Structure-activity relationship study of small molecule interfering proteoglycan catabolism in nucleus pulposus cells

Abstract

Intervertebral discs (IVDs) are semi-cartilaginous connective tissues between vertebral bodies for spinal motion. Function of IVD relies on the integrity of the gelatinous core nucleus pulposus. IVD degeneration (IDD) is associated with low back pain. IDD is characterized by a reduction of proteoglycans within the nucleus pulposus (NP) with a replacement of fibrocartilaginous matrix, leading to a loss of mechanical strength and shock-absorbing capacity of IVD. The reduction is linked to an enhanced degradation of proteoglycans, which is mainly mediated by matrixdegrading enzymes (e.g. metalloproteinases (MMPs)) under proinflammatory cytokines (e.g. IL-1 and TNF) stimulation.
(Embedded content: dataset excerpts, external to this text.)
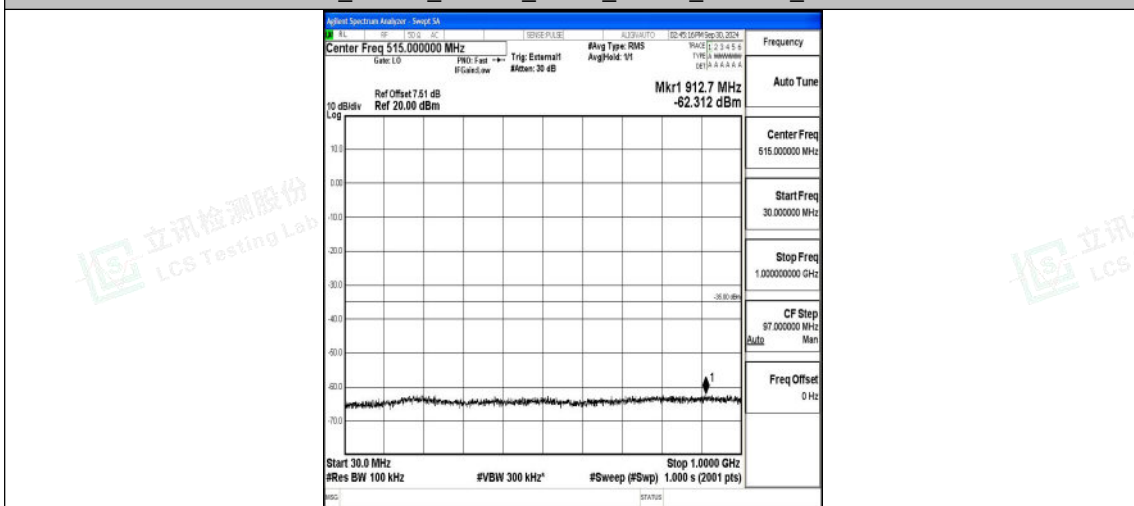

Band41_10MHz_16QAM_40620_1RB#0_30~1000_30~1000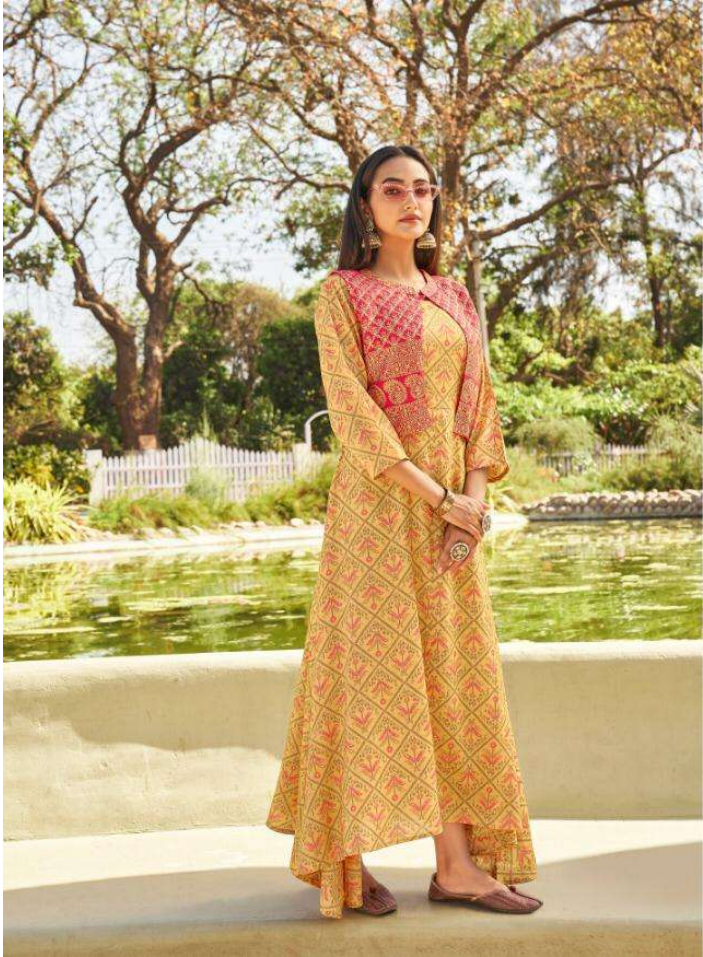

GARDENIA

GARDENIA

Nitya

4004

SIMPLICITY IS THE KEYNOTE OF ALL TRUE ELEGANCE.

Nitya

STYLE IS THE ONLY THING YOU CAN'T BUY. IT'S NOT IN A SHOPPING BAG,
A LABEL, OR A PRICE TAG.

4005

Nitya

YOU CAN NEVER BE OVERDRESSED OR OVEREDUCATED.

Nitya

A GIRL SHOULD BE TWO THINGS. CLASSY AND FABULOUS.

• A WOMAN WHO DOESN'T WEAR
PERFUME HAS NO FUTURE. •

4001

4002

4003

4004

4005

4006

GARDENIA

TOP : RAYON CAPSUL PRINT

JACKET : COTTON SLUB

SIZE : M L XL XXL

Through a high-throughput chemical screen, we previously identified a small molecule termed CSG-1 that could interfere interleukin-1 alpha (IL- 1α)-driven proteoglycan catabolism in degenerative human NP cells. To identify the functional motifs within CSG-1, we generated a series of analogues, and conducted a small scale structure-activity relationship (SAR) study. In this study, we firstly test the effects of bulk substitution (methyl/ ether groups, or chlorobenzene ring) in an attempt to narrow down the functional moiety. The performance of 28 analogues in inhibiting IL-1 a-induced proteoglycan degradation was further assessed using an alginate-bovine NP cell culture system. Data suggested that the core structure/functional (position R1,R2 and R3 on GSG-1) motifs of CSG- 1 are essential to its biological activity. Interestingly, we identified an analogue with a higher efficacy than CSG-1 in countering IL-1-induced proteoglycans degradation. Our findings may facilitate subsequent target identification of CSG-1 in the future study and drug discovery for modifying IVD degeneration as well as other degenerative disorders associated with deregulated proteoglycan expression such as osteoarthritis.